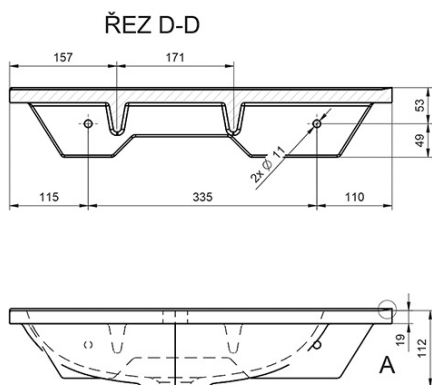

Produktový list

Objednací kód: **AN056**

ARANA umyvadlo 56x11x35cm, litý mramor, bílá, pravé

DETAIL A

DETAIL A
***
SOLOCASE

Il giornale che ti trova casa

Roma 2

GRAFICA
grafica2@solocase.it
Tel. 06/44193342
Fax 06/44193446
***
EXERCISE INSTRUCTIONS: Using the records above, copy word for word the line with "grafica2@solocase.it", the line with "Fax 06/44193446", and every line between them.

ANSWER AREA:
grafica2@solocase.it
Tel. 06/44193342
Fax 06/44193446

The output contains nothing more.